Wednesday, October 19, 2011

Goosenecks and Bridges

*Critters we’ve seen on our 2011 trip so far: yellow-bellied marmot, mule deer, bison, moose, pronghorn antelope, elk, coyote, beaver, black bear, grizzly, bighorn sheep, wolf, mountain goat
*Birds we’ve seen on our 2011 trip so far: mountain bluebird, golden eagle, Indigo bunting, Lazuli bunting, Say’s Phoebe, yellow-rumped warbler, Western Tanager, bald eagle, blue heron, American white pelican, trumpeter swan, osprey, magpie, mountain bluebird, Clark’s Nutcracker


We had decided to make a return trip to Capitol Reef National Park (www.nps.gov/care) for a couple of days on our way south. Dotty and Gary were so happy to see us, and we had made plans to have them over for dinner during our stay. Their son, Brian, was staying with them and helping out so of course he was invited, too. We had also invited the rangers, but Kyle was the only one to make it as everyone else was out of town or already had plans (though Holly stopped by later with her fiancé).

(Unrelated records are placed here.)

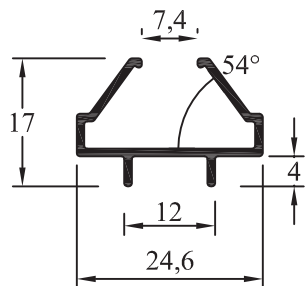

AH-019
Nudo VRC con Cava
Peso: 0,348 kg/m
Paquete x 10 tiras
Peso aprox. paq.: 20,9 kg
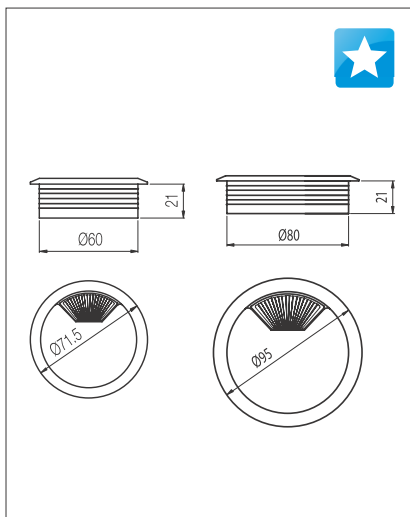

30102 Uvodnica kablova

materijal: plastika

boja	Ø 60 mm	Ø 80 mm
	broj artikla	
crna	10010400000	10010400020
bijela	10010400007	10010400027
siva	10010400001	10010400021
srebrna	10010400002	10010400022
krem (javor)	10010400003	10010400023
cappuccino (trešnja)	10010400004	10010400024
tamno smeđa (wenge)	10010400005	10010400025
svijetlo smeđa (bukva)	10010400006	10010400026
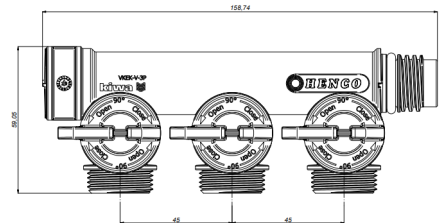

VKEK-V-3P-BLUE: Synthetische manifold 3x P euroconus - blauw

Commerciële informatie

Met de Henco Pro-Flow Manifold geniet je van de volgende eigenschappen:

- Multifunctioneel, zelf uitlijnend ontwerp en modulair: 3-circuits, neerwaarts
- Een eigen leidingcircuit voor ieder tappunt; verbindingen in de vloer kunnen hierdoor vermeden worden.
- 100 % corrosievrij.
- Verandering van het dauwpunt resulteert in een lager risico op condensatie in koudwatersystemen.
- Maximaal aantal verbindingen in zeer korte bouwlengte.
- Verbetert de balans in een systeem.
- Afsluiten van een enkel circuit is mogelijk, vereenvoudiging van het onderhoud.
- Geschikt voor zowel pers- als push-fittoepassingen.
- Aanvoer in 20mm en 26mm - Henco maatvoering binnendraad x buitendraad.
- Drinkwater gecertificeerd
- Diverse groepsaansluitingen in 3/4" euroconus mogelijk:
  - Kunststof schroefkoppeling
  - Kunststof perskoppeling
  - Messing perskoppeling
  - Kunststof steekkoppeling
- Verkrijgbaar met 4 verschillende kleuren hendels, waardoor het markeren van verschillende toepassingen eenvoudig is.

Dimensies basiseenheid

Hoogte	58 mm
Lengte	159 mm
Breedte	52 mm
Netto gewicht	0,151 kg

Certificaten

Toepassingen

Drinkwater, Verwarming, Koeling, Sanitair

Oplossingen

Gebouwinstallaties, Industrie, Infra
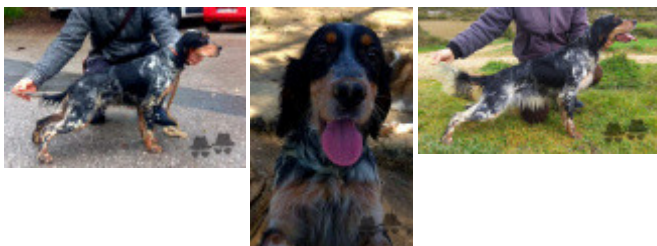

Sang italien (estimation) : 78 %
Estimation des points au pédigrée : 4

Taux de consanguinité (estimation) : 7.6 %

ARI DE L'ECHO DE LA FORET (2 X 3) : 0.064575
ALMER (6,6,6 X 6,6,7,7,7,7) : 0.003662
RADENTIS D'ESPANA (5 X 5) : 0.002197
PALU' (5 X 6,6) : 0.000977
BOI (5 X 6,6) : 0.000977
RADENTIS GIAN (6,8,8 X 7,7,7,8,8) : 0.000854
BASSINO (6,7 X 6,7,8) : 0.000732
ARO (7,7,7 X 7,7,8,8,8,8) : 0.000366
SWING DELLA VECCHIA IRLANDA (6 X 7,7,7) : 0.000244
LIZZO (5,8 X 8) : 0.000244
LEM DEL RESEGONE (7,8,8,8 X 8,8,8,8) : 0.000214
MARK DELLA BASSANA (7,7,7,8,8 X 8) : 0.000183
DECOR LOT (7,8,8 X 8,8,8) : 0.000183
MANON DES TOUYAS BLANCS (7,8 X 8,8) : 0.000092
KIP OD BENCICA (8 X 7,8) : 0.000092
AKIM (7 X 8) : 0.000061
GIP DELLA BASSANA (8,8 X 8) : 0.000061
ROYAL MOZART (8 X 8) : 0.000031
RADENTIS DIDO (8 X 8,8) : 0.000031
JIMMY DU BOIS BEULANT (8 X 8) : 0.000031

Note : les données ne sont pas garanties. Elles ont été entrées par les membres sans garantie d'exactitude.
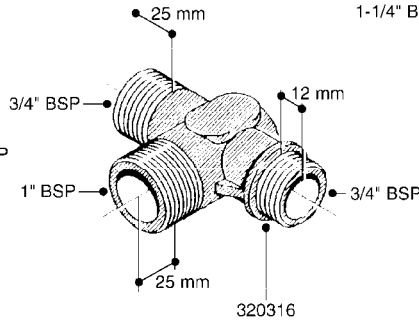

H020

FITTINGS-T-PIECES, CAPS & ELBOWS
H020-HIN, 01:01:01

Page 1
Date 06.04.2015 9:59

parts-n°	order qty	description
10053603	1	FITT. CAPNUT 2"BSP 5601
10194303	1	CAP BLANK 1 1/2 MCPHEE 210060
320047	1	FITT.DK CAPNUT 1/2" BSP
320106	1	FITT.DK CAPNUT 1" BSP
320272	1	FITT.DK CAPNUT 3/8" BSP
320316	1	FITT.DK TEE 3/4" X3/4" X1"BSP
320331	1	FITT.DK TEE 1" - 1" - 3/4" BSP
320342	1	FITT.DK EL 3/4"M X 1"F BSP
320563	1	FITT.DK 3 WAY 1/2" 110 DEG.
320677	1	NO LONGER AVAILABLE
320961	1	FITT.DK CAPNUT 1-1/2" BSP
321053	1	FITT.DK TEE 1/2 X1/2 X1/2" BSP
322072	1	FITT.DK TEE 3/8'X3/8'X3/8' BSP
322095	1	FITT.DK TEE 1-1/2 X1-1/4 X3/4" BSP
322138	1	FITT.DK ELB 1"M X 1"F BSP
330013	1	O-RING D15/D10X2.5 F.3/8"NUT
330212	1	O-RING D19/D14X2.4 F.1/2"NUT
330326	1	O-RING D30/D24X2 F.1"NUT
331273	1	O-RING D44/D38X2 F.1-1/2"
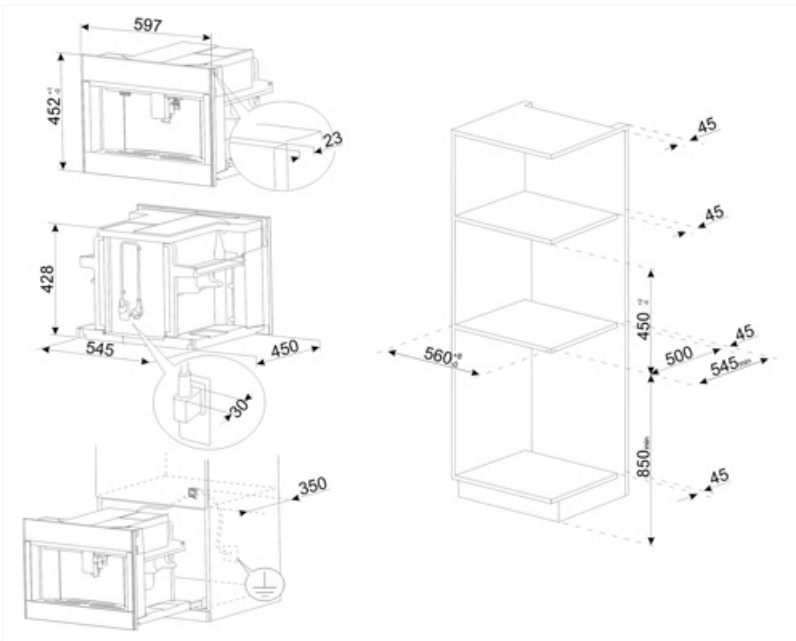

## MŰSZAKI JELLEMZŐK

|                                |   |
|--------------------------------|---|
| Darált kávé rekesz             | Igen  |
| Őröltkávé-rekesz               | Igen  |
| Kivehető víztartály            | Igen  |
| Használt kávézacc tartó        | Igen (14 szimpla, 7 dupla)                                |
| Állítható magasságú kávékiöntő | Igen, 85-142 mm   |
| Gőzadagoló                     | Igen  |
| Csepptálca                     | Igen  |
| Kivehető tejeskancsó           | Igen  |
| Termokancsó                    | Igen, 0,5 literes rozsdamentes acél autoclean rendszerrel |

## Logisztikai információk

|                |        |               |        |
|----------------|--------|---------------|--------|
| Szélesség (mm) | 595 mm | Magasság (mm) | 455 mm |
| Mélység (mm)   | 470 mm |               |        |
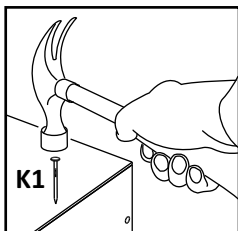

**x8****A1**

Cap for confirmate
Заглушки для конфірмата

**x8****A2****2**

Screw
Шуруп
3,5x30

**x2****W3**

Plastic Handle
Ручка пластик
96 мм

**x1****RP 1**

3Dowel
Шкант**x4****C1**Nail
Цвях
1x16**x12****K1****4**Telescopic Guide
Напр. біла
400 мм**x1****NR 2**Screw
Шуруп
3,5x16**x6****W1**

Russ also invited Walter, a man camping by himself in the site behind us who we had chatted with shortly after arriving. I kept it simple with spaghetti and garlic bread, but Dotty insisted on bringing a salad and one of her fabulous desserts. Many of the trees were turning color, and there were still apples ripe for picking left in some of the orchards. Of course we had to pick a few near the campground, and they were delicious! We had a wonderful visit with Dotty, Gary, and the others, and even managed to catch a glimpse of the International Space Station flyover again one night and watched our beloved St. Louis Cardinals beat the Milwaukee Brewers for a trip to the World Series! (Yes, I’m crazy enough to take photos of happening events on TV!)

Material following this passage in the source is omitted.